Directions for this task - Below are some records: retype them all exactly, but not the pictures.
**** Given data
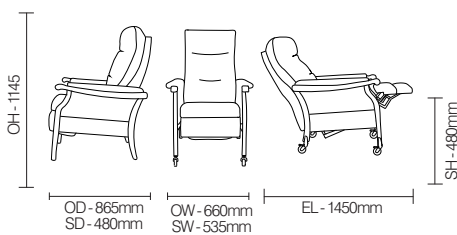

DIMENSIONS

FINISH OPTIONS

Wood stain options :

- Beech
- Pippy Oak
- Walnut
- Armati
- Shadow Beech
********
Solution to the exercise -
DIMENSIONS

FINISH OPTIONS

Wood stain options :

- Beech
- Pippy Oak
- Walnut
- Armati
- Shadow Beech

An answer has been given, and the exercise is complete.